Ruby Bridges
First African-American child to attend an all-white elementary school.
Ruby Bridges was born the same year that the Supreme Court’s Brown v. Board of Education ordered schools to be segregated.
Bridges was six years old when she was chosen to take a test to determine if she could attend an all-white elementary school. The test was made difficult so that African Americans didn’t have a high chance of passing it, although Bridges proved differently and passed it.
On November 14, 1960, federal marshals drove Bridges and her mother to her new school. When they arrived to school a large crowd was gathered by the entrance. White students threw random objects at her while the federal marshals escorted her to the doors.
On Bridges’ second day she was introduced to Mrs. Henry’s classroom; Ruby was the only child in the classroom, because white parents refused to let their kids be in the same room as Bridges.
Mrs. Henry helped Bridges every single day with lessons and the difficult experiences she was going through at the time.

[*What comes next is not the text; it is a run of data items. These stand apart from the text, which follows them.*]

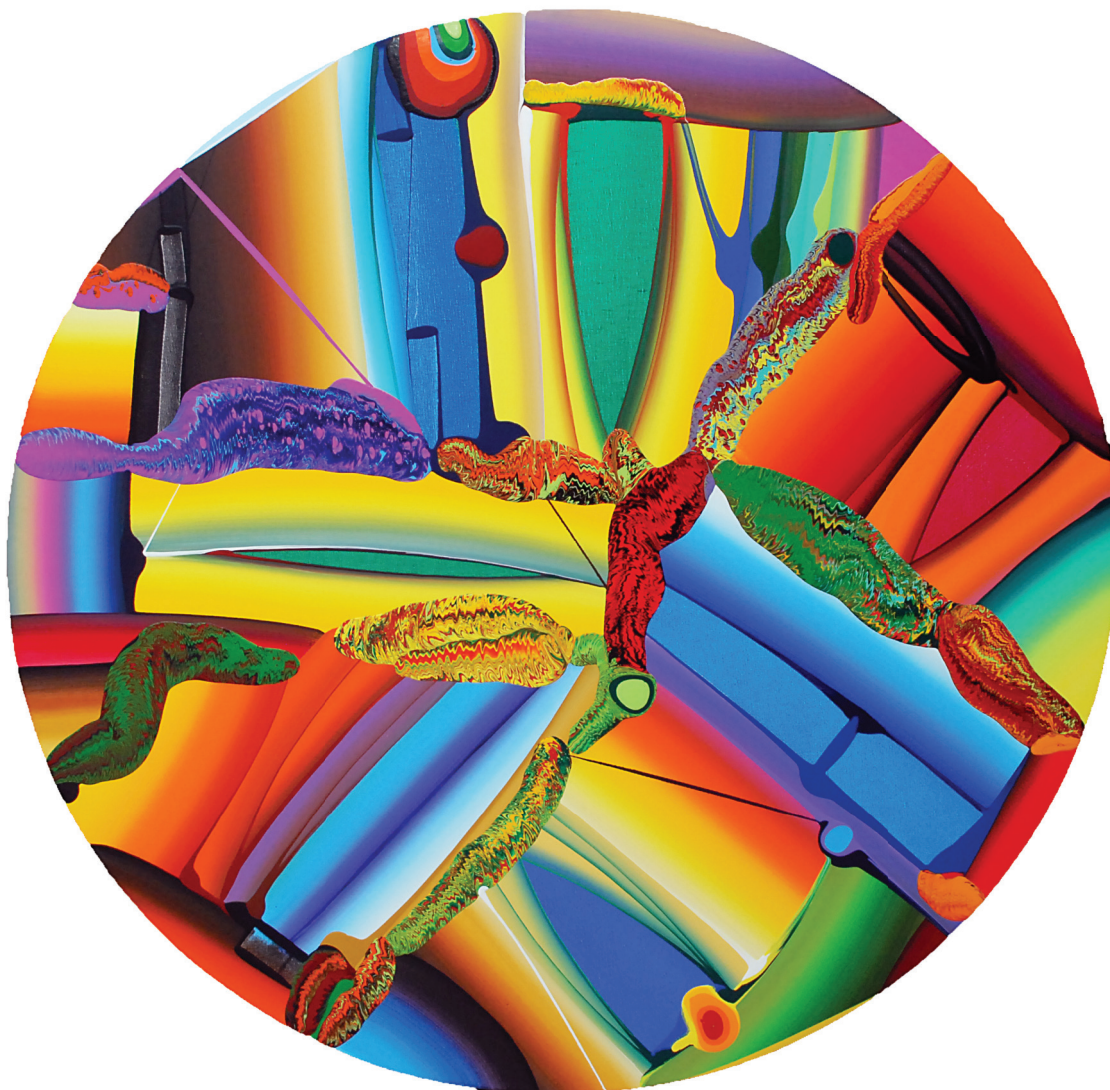

Maximum Bore, 72 x 18 x 2 Inches, Stretched Bodies, Vinyl on Board And Mica

---

Maximum Bose, 60 x 2 Inches, Stretched Bodies, Acrylic on Canvas

(Price on Request)

For A Private Preview Contact Rowena • +91 9820067124

G3, Orion House, 12/14 Rampart Row, K. Dubash Rd., Kalaghoda, Mumbai 01 • +91 22 22183996/ 9520 • contactus@gallery7.com • www.gallery7.com

Gallery 7.
a gallery of contemporary art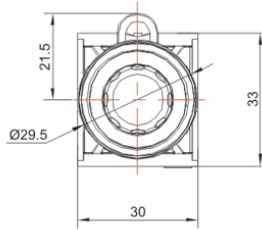

Product Type: Stop PushButton (TS2 Series)
 Product Name: TS2 Series Stop PushButton

Product Description: IP65、IP67

Product Size

纯平型
 Recessed

Ningbo SUPU Electronics Co., Ltd.

Address: No. 150, Xinxing 4th Road, High-tech Industrial Development Zone,
 Cixi City, Zhejiang Province, China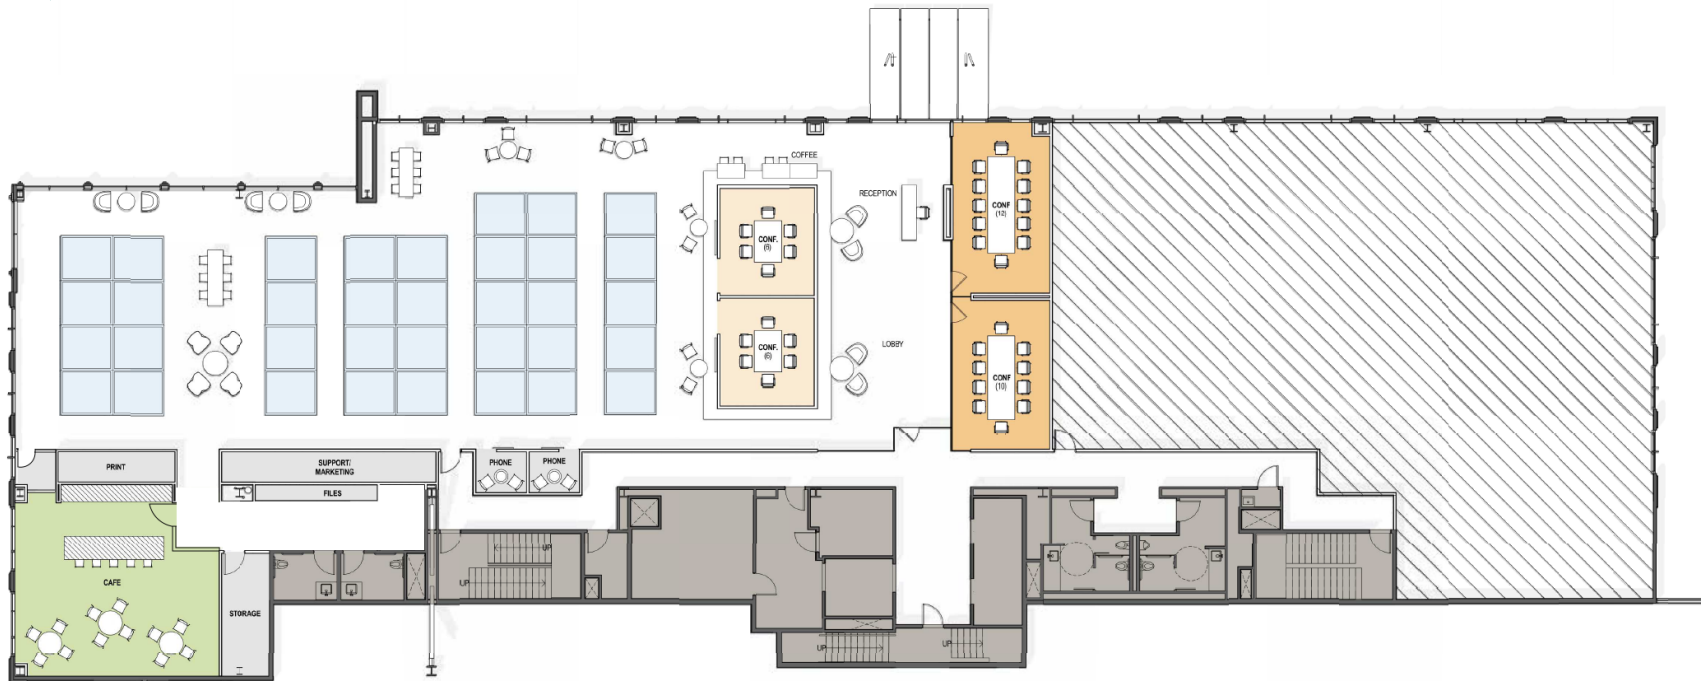

Discover Suite 200

±10,978 SF

Claire Shealy Lovette

(c) 704.607.1984

(d) 704.926.1409

(e) claire@beacondevelopment.com

Erin Shaw

(c) 914.924.1826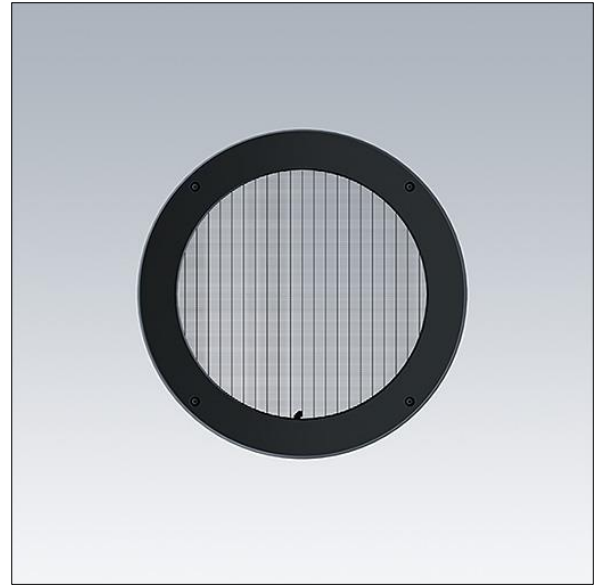

## Contrast

### 96633481 CONT3 36/52L LOUVER BK

ISO 9223  
C5

#### Contrast

Louvre mounted on a rotative ring for precise glare control. To be mounted directly on the front of a large Contrast luminaire. Best resistance against corrosion. Compatible with seaside installation.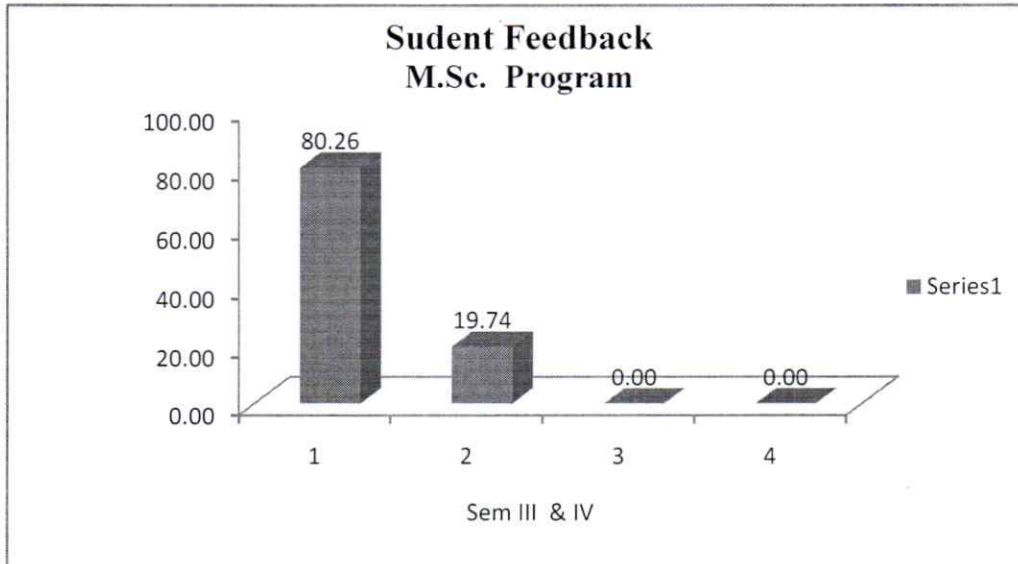

SCORING			
4	3	2	1
A	B	C	D
VERY GOOD	GOOD	SATISFACTORY	UNSATISFACTORY

STUDENT FEEDBACK

 Head
 School of Studies in Geology & WRM
 Pt. Ravishankar Shukla University
 Raipur-492010 (C.G.)

STUDENT FEEDBACK

SCORE OF A, B, C, D & E FACULTIES FOR M.Sc. Geology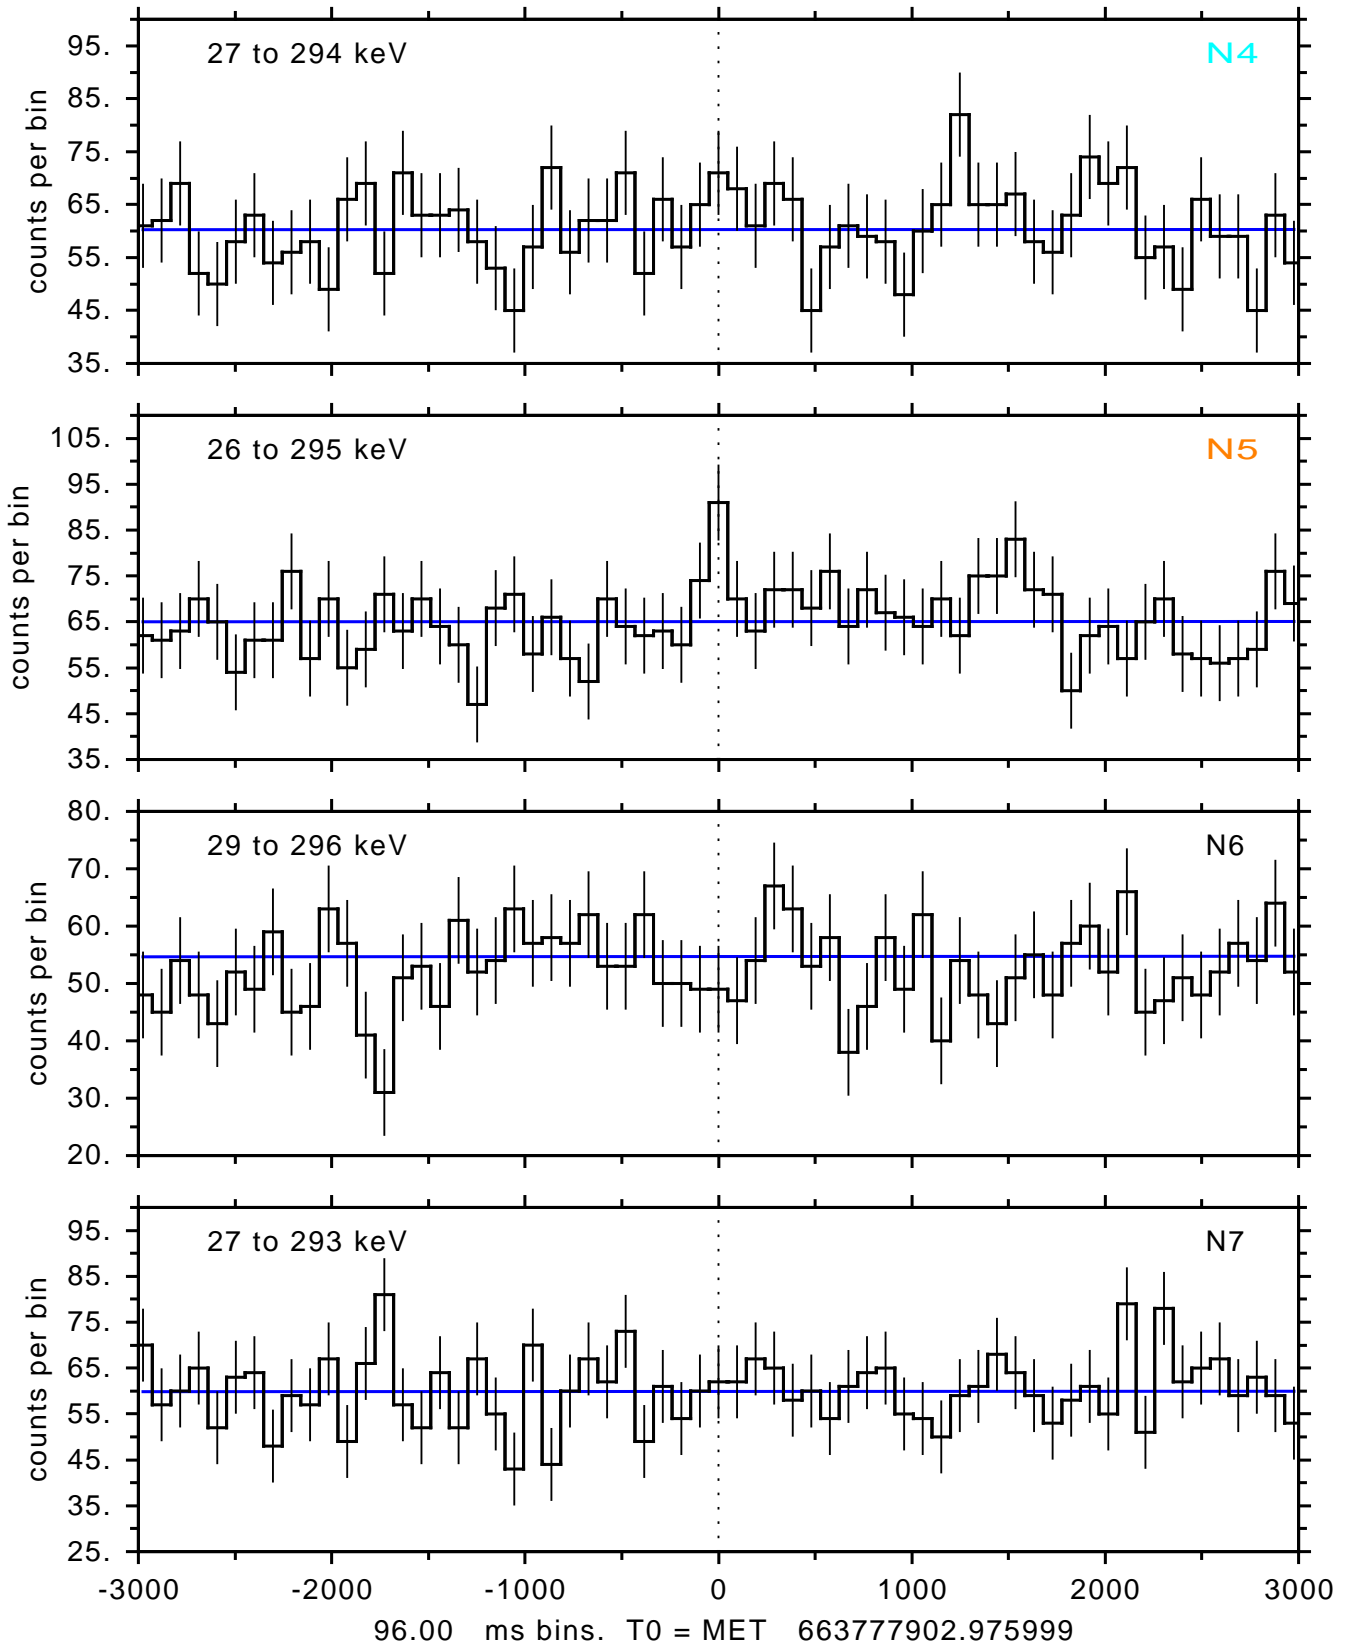

sGRB ver 116b of 2020 Feb 14 run on 2022-01-13 13:50:41  
T0 = 66377902.975999 = 2022-01-13 14:44:57.976000  
Algr: 3: P02 of F0001: glg\_tte\_b0\_220113\_14z\_v00

sGRB ver 116b of 2020 Feb 14 run on 2022-01-13 13:50:41  
T0 = 66377902.975999 = 2022-01-13 14:44:57.976000  
Algr: 3: P02 of F0001: glg\_tte\_b0\_220113\_14z\_v00

sGRB ver 116b of 2020 Feb 14 run on 2022-01-13 13:50:41  
T0 = 66377902.975999 = 2022-01-13 14:44:57.976000  
Algr: 3: P02 of F0001: glg\_tte\_b0\_220113\_14z\_v00

sGRB ver 116b of 2020 Feb 14 run on 2022-01-13 13:50:41  
T0 = 663777902.975999 = 2022-01-13 14:44:57.976000  
Algr: 3: P02 of F0001: glg\_tte\_b0\_220113\_14z\_v00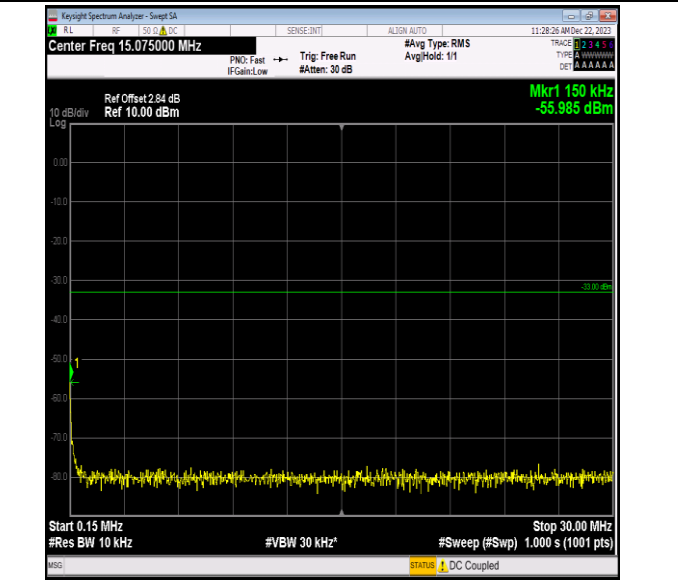

Band66_1.4MHz_16QAM_131979_1RB#0_3000~20000_3000
~20000

Band66_1.4MHz_16QAM_132322_1RB#0_0.15~30_0.15~30

Attending an all-white school was not easy for Ruby. A woman had threatened to poison Bridges. She was also “greeted” by a white women with a black doll in a wooden coffin in her hands.
Bridges was not the only one in the family affected by he attendance at the school. Her father lost his job, and her grandparents were sent off the land they had sharecropped for over 25 years.
Throughout time many people black and white began to show support. A neighbor offered Ruby’s dad a job, while others volunteered to watch Ruby’s four kids, and watch their house as protectors. Many parents gradually started sending their kids back to school.
Sophomore Mariah Waldron sees Ruby as a very strong individual.
“I don’t think anyone would of had the courage like she had,” Waldron said.
Federal Marshal Charles Burks, one of her escorts, said that Ruby had a lot of courage. He stated that Ruby never cried nor whimpered; she marched along like a little soldier.
Sophomore Nolan Keeler thinks she did well by attending an all-white school despite the hardships that came with it.
“She played a big part on bringing white and black children together at school, and if it wasn’t for her we may still be separated by color,” Keeler said.
Bob Moses
A member of the Student Nonviolent Coordinating Committee.
Bob Moses spent four years bringing white and black volunteers into the South to help African Americans demand their voting rights. Moses began working with civil rights activists in 1960 by becoming the secretary of the SNCC. He traveled to Pike and Amite Counties.
Although Moses’ leadership was much different from Martin Luther King Jr., MLK appreciated the contributions Moses made to the movement. MLK called Moses contributions “inspiring”.
On July 21, 1964 as many of the new volunteers were getting settled and trained for the nonviolent resistance, three of them appeared missing. As the FBI started to investigate they discovered their bodies six weeks later burned to the ground.
That wasn’t the first murder of activist in Mississippi or the South, though that didn’t stop people from volunteering in Moses’ nonviolent movement.
Sophomore Darius Price respects everything Moses did.
“Even though it was difficult to lower the tension between the African Americans and the whites involved with the movement, he never gave up on giving African Americans the right to vote,” Price said.
It wasn’t an easy task to make it a nonviolent mission; the volunteers included African Americans and white people so the tension was high.
After many years Moses resigned from the SNCC. He moved to Canada in 1967 and completed his PhD at Harvard. He was later awarded a MacArthur Foundation “Genius” award. Moses used his award to promote the Algebra Project, a national program to improve the math literacy skills of children in poor communities.
Sophomore Keiya Gordon is thankful for what Moses did.
“If it wasn’t for him and the volunteers who helped him, my family wouldn’t be able to vote or have a say in what they think just like everyone else does,” Gordon said.